An article about Anna Ostanina in the Italian magazine "Classic Camera" July 13, 2019
The Italian magazine "Classic Camera" published an article about Anna Ostanina, in which she talks about gumoil printing method. Many thanks to Alberto Novo for such work!
Anna Ostanina is a photographer from St. Petersburg who made herself known a few years ago for short and captivating videos, initially published on Facebook and later also on Youtube, showing a part of the "development" of a Gumoil print. In a short time he not only brought back a relatively new technique which had had little success and practicizers, but she also gained the reputation of being the best interpreter of this technique.
You graduated in economics. Why did you choose photography?
Economic studies are often the guarantee of a good job, or they can give you the basis to start a business. This, when you love your profession, otherwise it is better to do something else. What one learns in higher studies is the ability to learn, so one acquires the tools to devote oneself to what really matters.
I also studied design, graduated from a photography school and learned to draw.

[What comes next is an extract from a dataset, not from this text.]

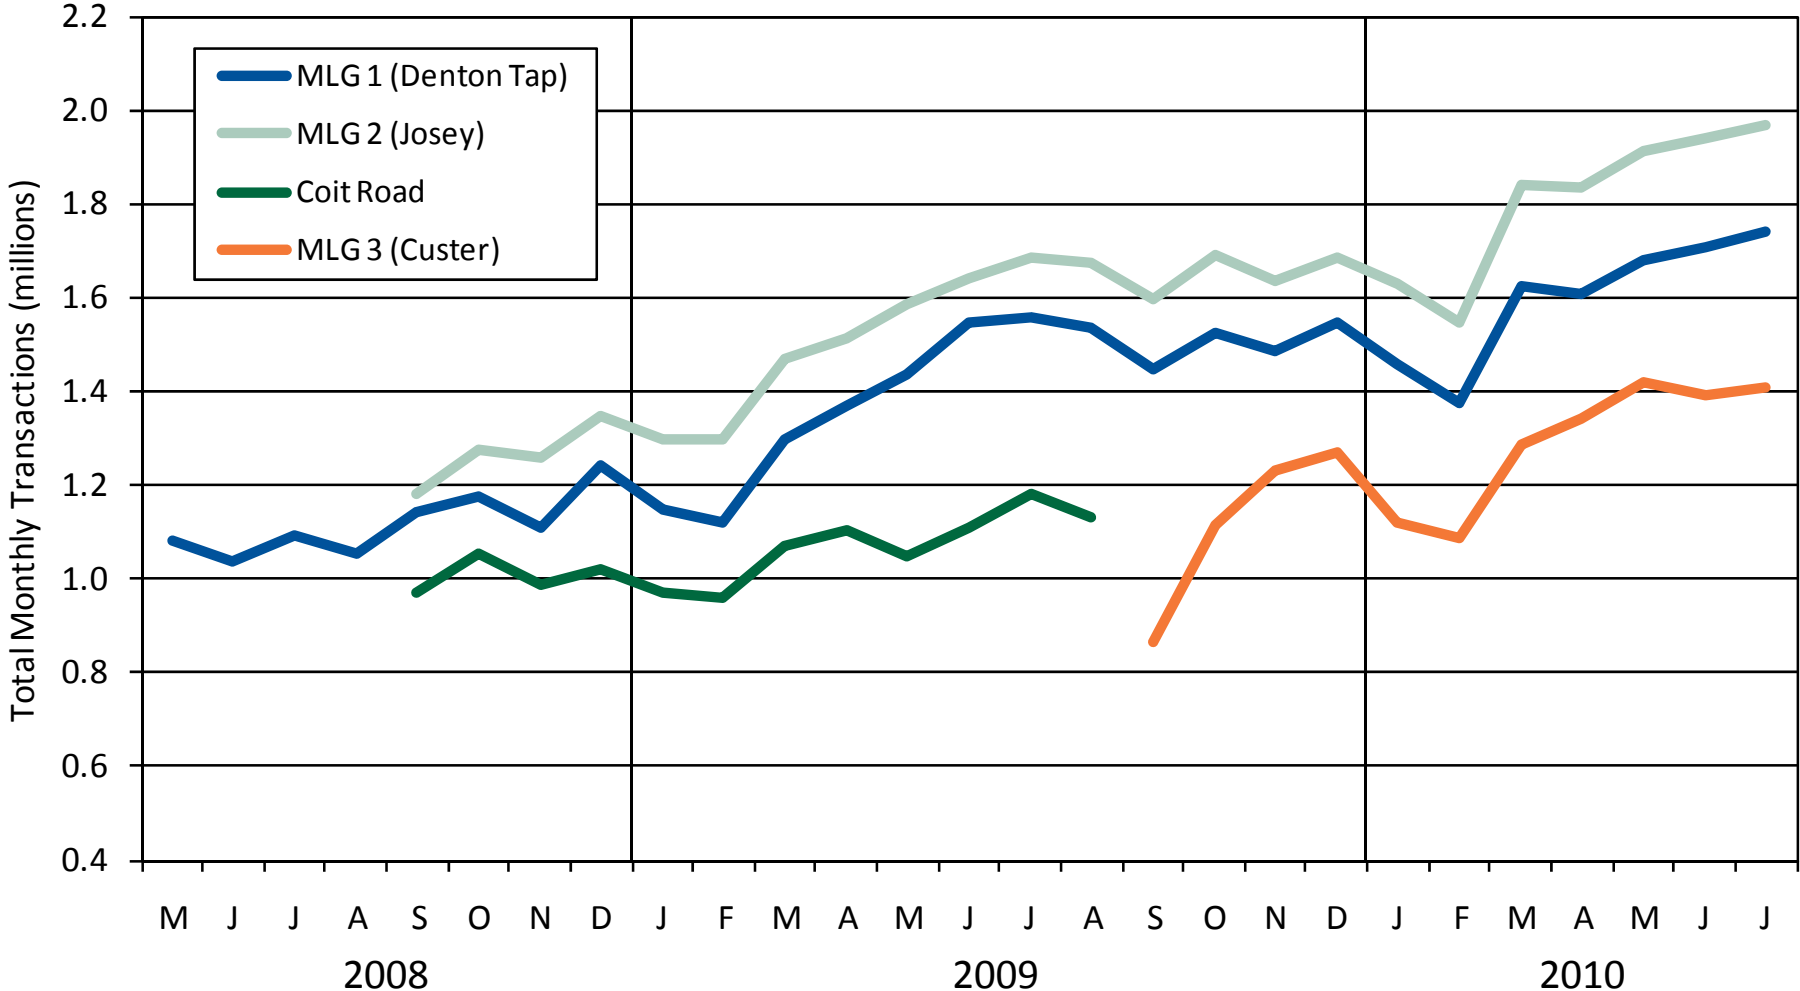

SRT Monthly Performance

Source: NTTA (unaudited data)

My uncle was a talented sculptor and worked with one of the most famous Russian sculptors; my grandmother was a chemical researcher My father loved photography and as a child I remember the magic of his darkroom.
So you can understand where my passion for printing and photography comes from, it's a matter of genetics.

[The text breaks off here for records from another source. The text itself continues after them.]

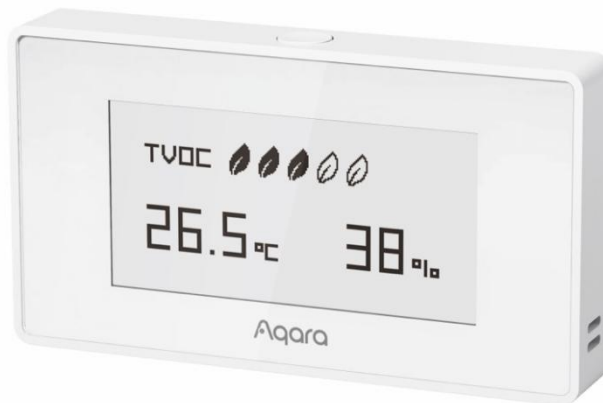

1. Product Profile

1.1. Overview

TVOC Air Quality Monitor can detect the concentration and level of TVOC in the air, as well as temperature and humidity. After it is bound with a hub, it can use TVOC concentration or level, temperature, and humidity changes as conditions of automation, work with other smart home devices to implement various smart scenarios, and send notifications to your mobile phone.

*A Hub is required.

*An Aqara Hub is required for this product to be compatible with HomeKit. Please visit www.aqara.com for more information.

*This product is for indoor use only. Please bind the product to the Hub before use.

1.2. Image

1.3. Selling Points

TVOC Detection: Detects TVOC and displays the TVOC level with green leaves.

Temperature Detection: Detects temperature accurately and supports setting automation related to temperature.

Humidity Detection: Detects humidity accurately and supports setting automation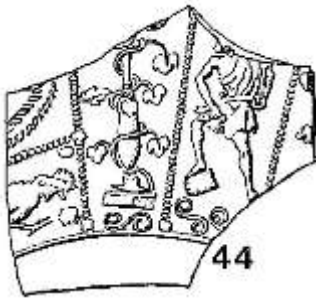

Image copyright
source fig 79 p173

Artefact ID	377	Association strength	strong
Description	Samian	Context strength	neutral
Find type	pottery	Dating strength	strong
Material	ceramic	Overall strength	strong
Typology	form 37		
Start date	AD125	End date	AD145
Location	Chichester	County	West Sussex
Site type	urban		
Source	Dannell, G. B., 1978. The samian pottery. In: A. Down, ed. Chichester Excavations III. Chichester: Chichester Civic Society, 225-233.		
Categories	consumption, iconographic,

How did you discover alternative techniques? Was it a photo or a photographer that triggered your curiosity to learn more?

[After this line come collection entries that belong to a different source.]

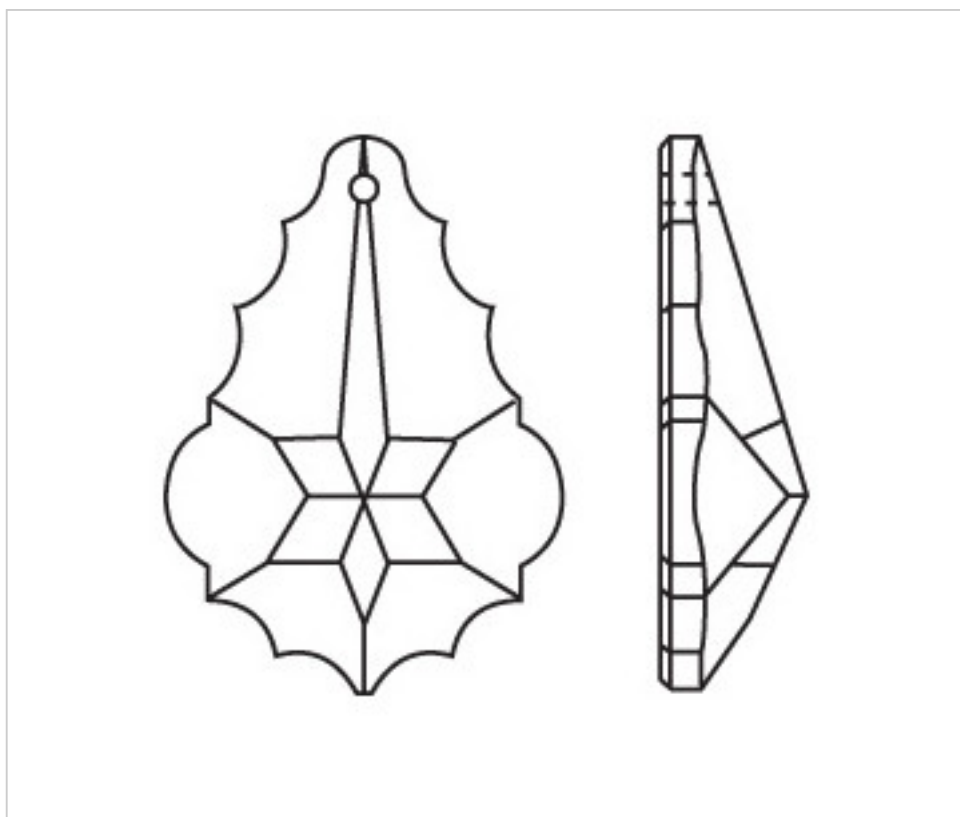

CRYSTAL FOR LAMPS > Scholer Crystal Austria > Schöler Basic Line
Plain Pendeloques

A63107R

Plaque 4108/76x52mm (ex 2011) Ruby

October 02nd, 2024, 03:24

PRICE

	Lot	P.V.P. excluding VAT
	1	7,41€
	10	4,91€
	40	4,32€

Continued on next page >>

CRYSTAL FOR LAMPS > Scholer Crystal Austria > Schöler Basic Line
Plain Pendeloques

A63107R

Plaque 4108/76x52mm (ex 2011) Ruby

TECHNICAL SPECIFICATIONS

Weight: 53 Grams

Packging: Box 40 Units

OTHER FEATURES

Length (mm): 76

Width (mm): 52

Colour: Ruby

DOCUMENTS

 [Plaque 4108/76x52mm \(ex 2011\) Ruby](#)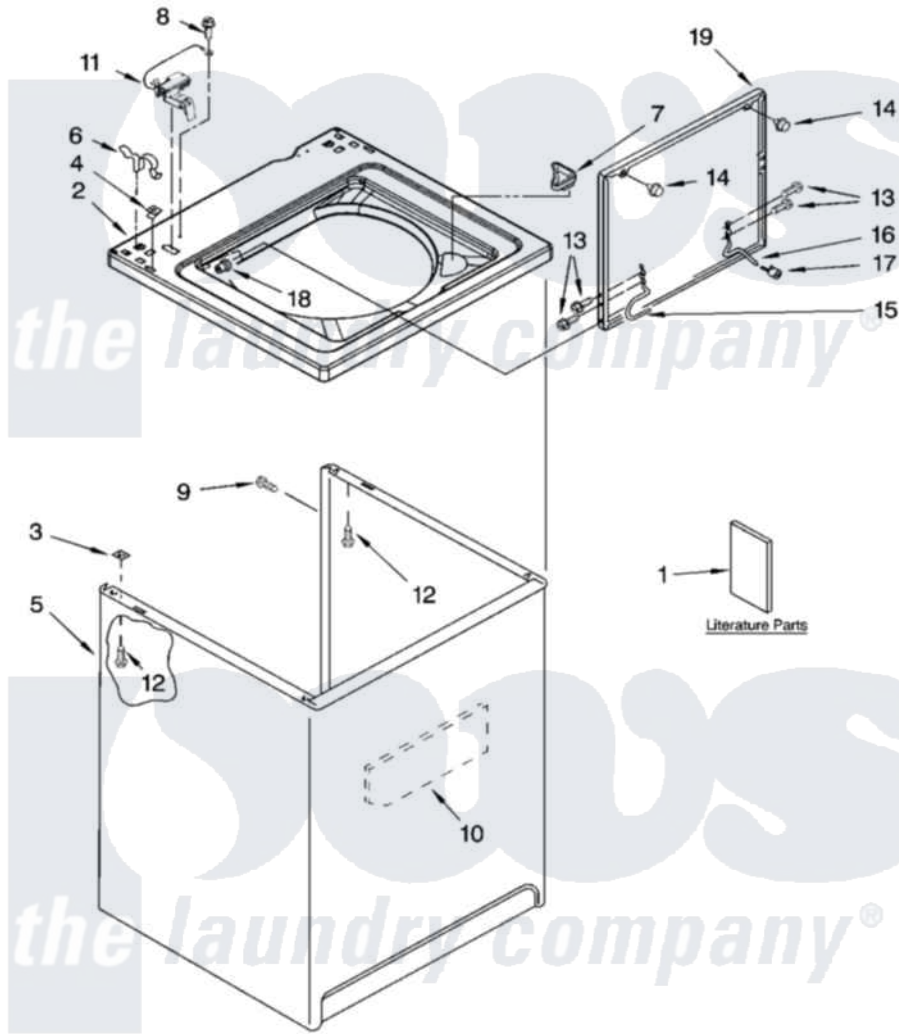

Whirlpool 8TLSQ8533LT1 01 - TOP AND CABINET PARTS

TOP AND CABINET PARTS

For Model: 8TLSQ8533LT1
(Biscuit)

AUTOMATIC
WASHER

9-06 Litho in U.S.A. (dtd)

1

Part No. W10112694

Whirlpool [Residential Whirlpool 8TLSQ8533LT1 Washer Parts](#) Parts Diagram 01 - TOP AND CABINET PARTS
Click on the part number to view part

Item	Original Part Number	Replaced By	Status	Part Description
1	W10038050		Not Available	Installation Instructions
"	8558488		Not Available	Feature Sheet
"	8539791		Not Available	Use & Care Guide (English/Chinese)
"	8543287		Not Available	Wiring Diagram
2	8318066			Top
3	62750			Spacer, Cabinet To Top (4)
4	357213			Nut, Push-In
5	3952698	3954357		Cabinet
6	62780			Clip, Top And Cabinet And Rear Panel
7	3362952			Dispenser, Bleach
8	3351614			Screw, Gearcase Cover Mounting
9	3357011	308685		Side Trim)
10	3976348			Absorber, Sound
11	8318084			Switch, Lid

12	3390631		Screw, 10-16 X 3/8
13	3351355	W10119828	Screw, Lid Hinge Mounting
14	9724509		Bumper, Lid
15	8318088		Hinge, Lid
16	54583		Hinge, Lid
17	19119		Bumper, Lid Hinge
18	21258		Bearing, Lid Hinge
19	8541742	3957511	Lid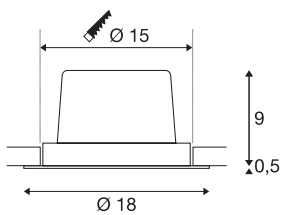

NEW TRIA 1 SET recessed fitting

LED, 2700K, round, white, 30°, 29W incl. driver, clip springs

The simplicity and effectiveness of the NEW TRIA 1 SET is captivating. It is available in black, white, or brushed aluminium, in round or square form as well as single-headed or as multi-lamp. Equipped with a powerful, warm white premium COB LED in a tiltable mount, as well as LED driver included in the scope of supply, the set can be used in any lighting situation. The electrical connection is made directly to the 230V mains supply.

TECHNICAL DATA

Item no.	114261
Rotating or tilting	tiltable
IP Code	IP 20
Assembly	Recessed
Assembly details	Ceiling
Primary nominal voltage	220-240V ~50/60Hz
Secondary power / voltage	700 mA
Safety class	II
Wattage	29 W
Minimum ambient temperature	-25 °C
Maximum ambient temperature	35 °C
Network rated standby power	0.33 W
Level of inrush current	15 A
Duration of inrush current	100 µs
Stroboscopic effect (SVM)	0
Lumen	2500 lm
Colour temperature	2700 Kelvin
Beam angle	30 °
Color	white
CRI	80
LXXBXX data	L70B50
Service life	30000 h

Light Source

916519		Height	9.5 cm
		Diameter	18 cm
		Net weight	0.857 kg
		Gross weight	1.004 kg
		Shape of cut-out	round
		Installation depth	10 cm
		Installation diameter	15 cm

I have a long experience in darkroom printing and have always loved experimenting. I studied the technique of multiexposure printing, painted prints, made monotypes with inks, learned how to lift the emulsion from the prints.
I've also studied the work of several photographers, but it's hard for me to name a specific name. I can tell you that I am interested in any technique different from classical photography.
Did you experiment other visual arts?
I tried to draw, but I am not talented; in these cases photography is a way out.
What captivates you about alternative techniques? The uniqueness of the work, its permanence in time, the expressive freedom it grants?
What is wonderful about alternative techniques it is the opportunity to experiment. Each work is unique and bears the mark of its creator. We don't know what exactly it is, but there is.
These techniques do not set limits, everyone creates his own work and offers it to the viewer.
Before the Gumoil technique, did you experiment with other alternative techniques?
In 2011 I made bromoil, cyanotype, VanDyke and the results were average. But I wanted to get more impactful prints. In 2012 I started experimenting with the gumoil printing technique and immediately got good results. It seemed to me a sign of destiny and since then I have continued to study this process.
Gumoil is a technique invented by Karl Koenig in 1990. Despite the two editions of his manual, this method is poorly known even by photographers of alternative techniques. For what reasons did you choose it?
I literally fell in love with this method of printing, I consider it a discovery of our times. The more the photography spreads, the more difficult it is for an artist to affirm his own original style.
This method has a specificity; while to print a classic photograph you need a negative, the Gumoil requires a positive; you can therefore use a digital camera, from which the modernity of this technique, but the end result is a print with oil colors on cotton paper. Is not it fantastic?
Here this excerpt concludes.